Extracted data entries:
────────────────────
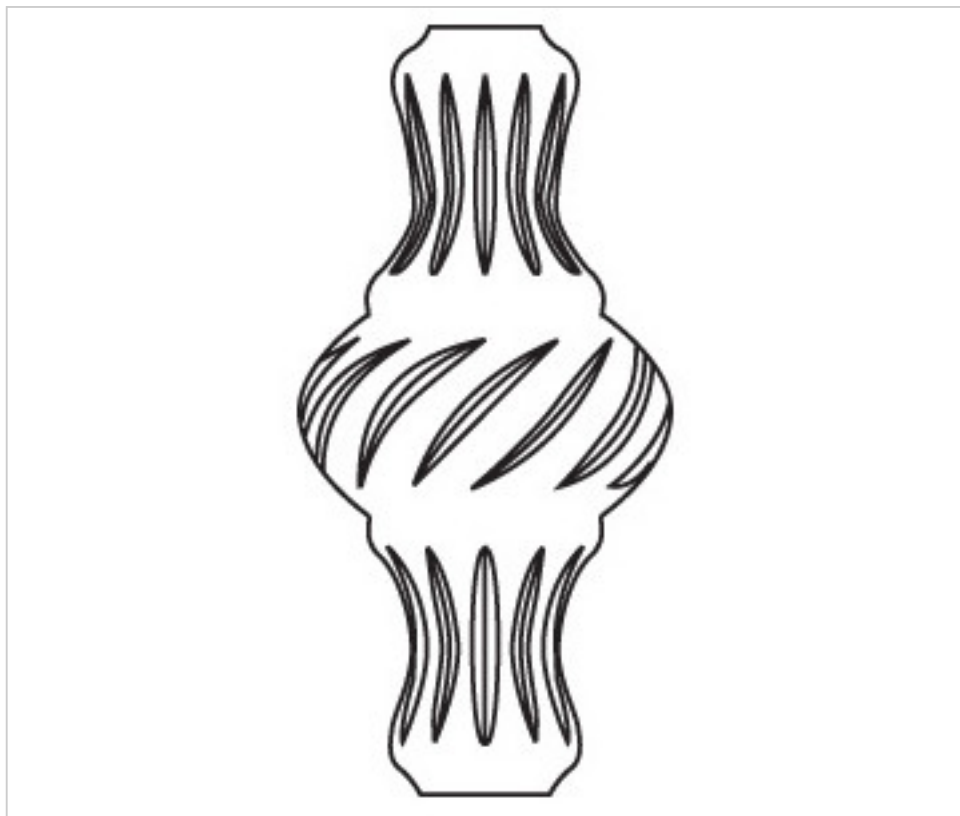

CRISTAL POUR LAMPES > ENFILAGES et COUPELLES > ENFILAGES ET COUPELLES CRISTAL AU PLOMB
Série "Spirale"

0950105

Colonne 950105 cristal au plomb

4 nov. 2024

PRIX

	Lot	Prix sans TVA
	1	52,78€
	12	48,00€
	24	46,59€

Suite à la page suivante >>

CRISTAL POUR LAMPES > ENFILAGES et COUPELLES > ENFILAGES ET COUPELLES CRISTAL AU PLOMB
Série "Spirale"

0950105

Colonne 950105 cristal au plomb

REMARQUES

Cristal au plomb taillé

AUTRES CARACTÉRISTIQUES

Hauteur (mm): 205

Diamètre (mm): 105

Trou central (mm): 19

DOCUMENTS

 [Colonne 950105 cristal au plomb](#)
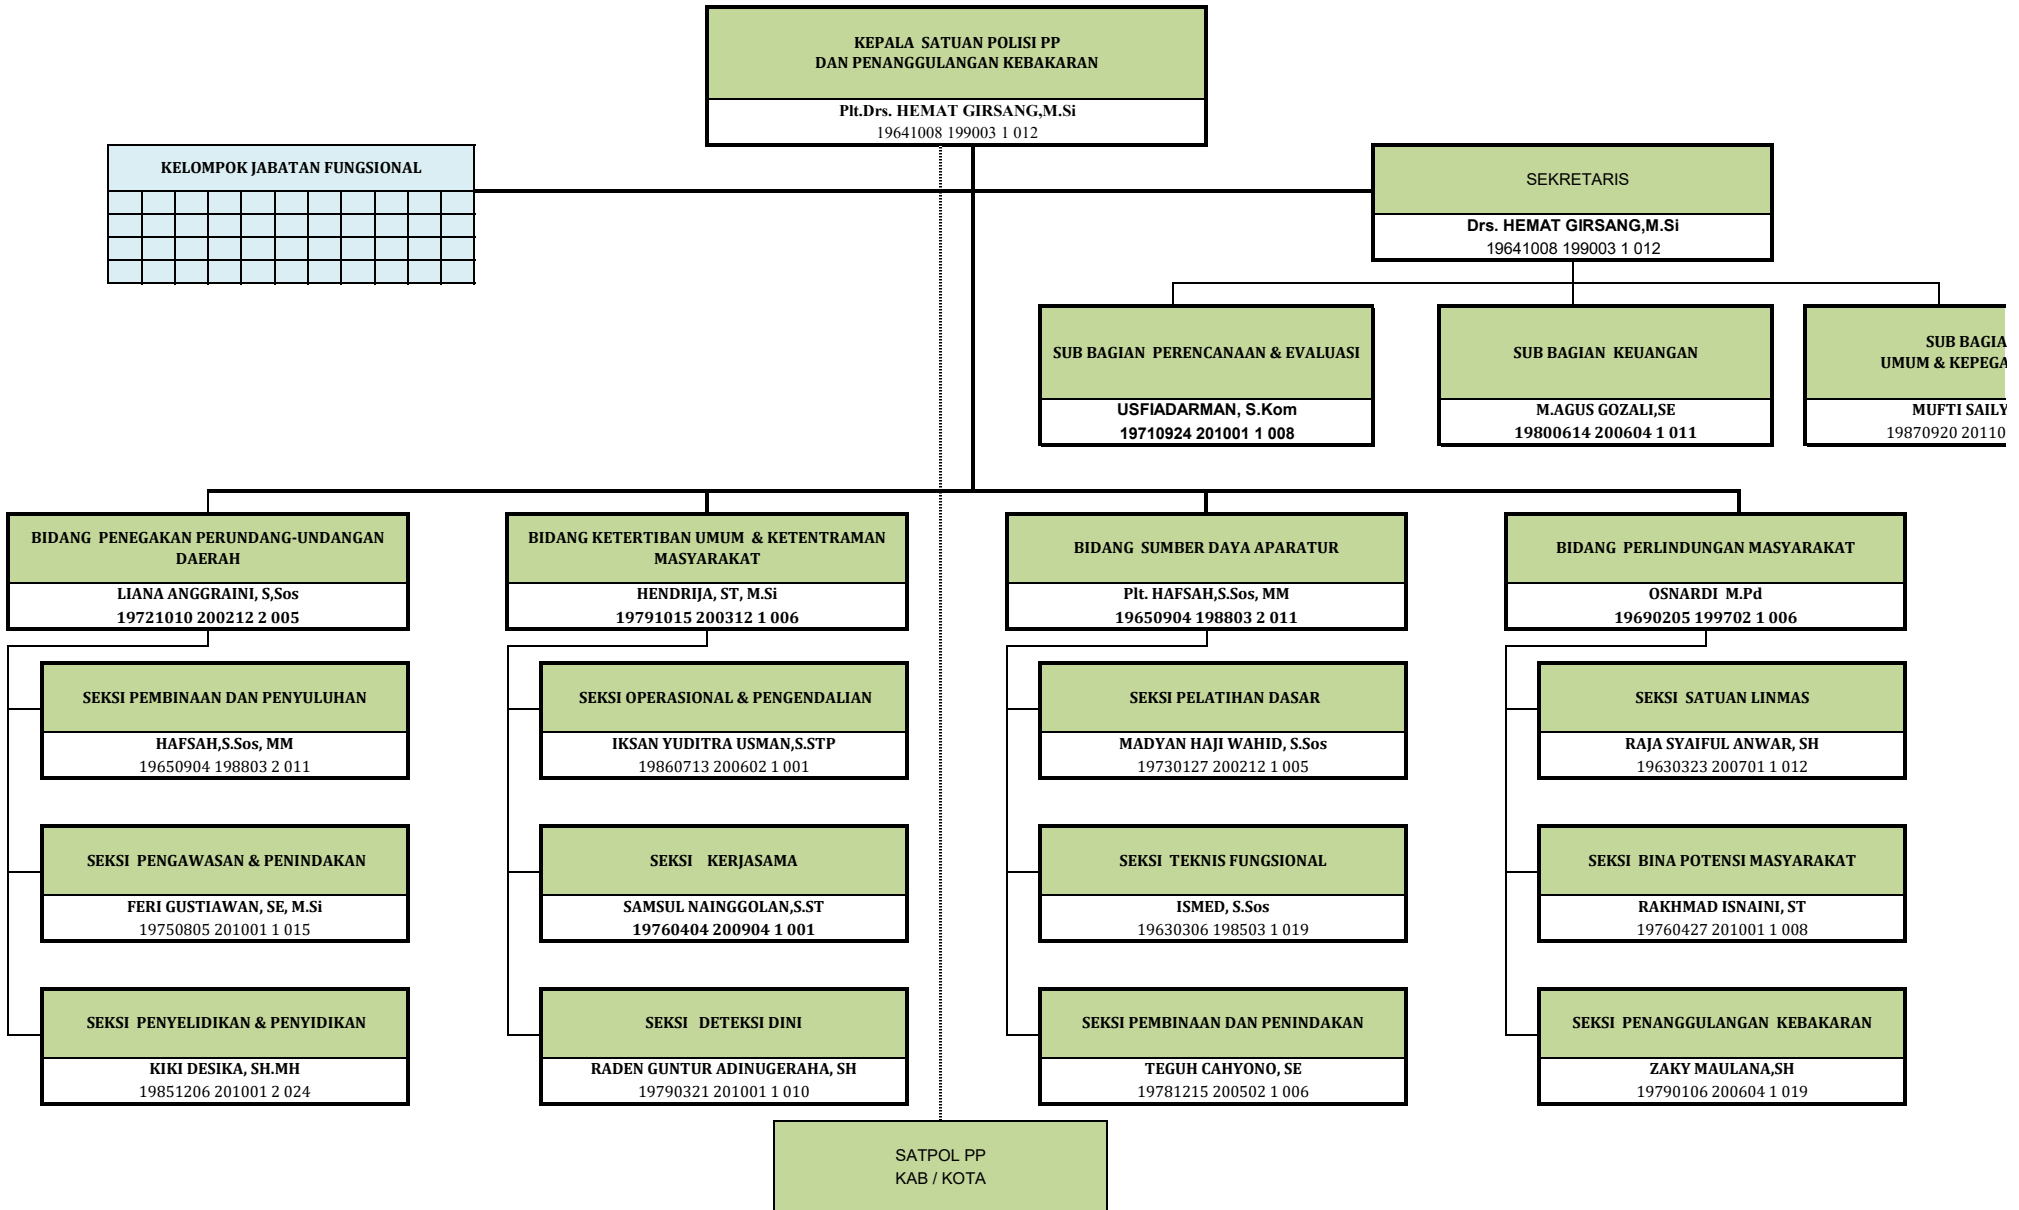

**BAGAN STRUKTUR ORGANISASI
SATUAN POLISI PAMONG PRAJA DAN PENANGGULANGAN KEBAKARAN
PROVINSI KEPULAUAN RIAU**

N WAIAN
7,ST 11 004

**BAGAN STRUKTUR ORGANISASI
SATUAN POLISI PAMONG PRAJA DAN PENANGGULANGAN KEBAKARAN
PROVINSI KEPULAUAN RIAU**
────────────────────
◆ Work instructions
Exact copies of all the entries, without any pictures, are what the answer must contain.

◆ Solved exercise
CRISTAL POUR LAMPES > ENFILAGES et COUPELLES > ENFILAGES ET COUPELLES CRISTAL AU PLOMB
Série "Spirale"

0950105

Colonne 950105 cristal au plomb

4 nov. 2024

PRIX

	Lot	Prix sans TVA
	1	52,78€
	12	48,00€
	24	46,59€

Suite à la page suivante >>

CRISTAL POUR LAMPES > ENFILAGES et COUPELLES > ENFILAGES ET COUPELLES CRISTAL AU PLOMB
Série "Spirale"

0950105

Colonne 950105 cristal au plomb

REMARQUES

Cristal au plomb taillé

AUTRES CARACTÉRISTIQUES

Hauteur (mm): 205

Diamètre (mm): 105

Trou central (mm): 19

DOCUMENTS

 [Colonne 950105 cristal au plomb](#)

**BAGAN STRUKTUR ORGANISASI
SATUAN POLISI PAMONG PRAJA DAN PENANGGULANGAN KEBAKARAN
PROVINSI KEPULAUAN RIAU**

N WAIAN
7,ST 11 004

**BAGAN STRUKTUR ORGANISASI
SATUAN POLISI PAMONG PRAJA DAN PENANGGULANGAN KEBAKARAN
PROVINSI KEPULAUAN RIAU**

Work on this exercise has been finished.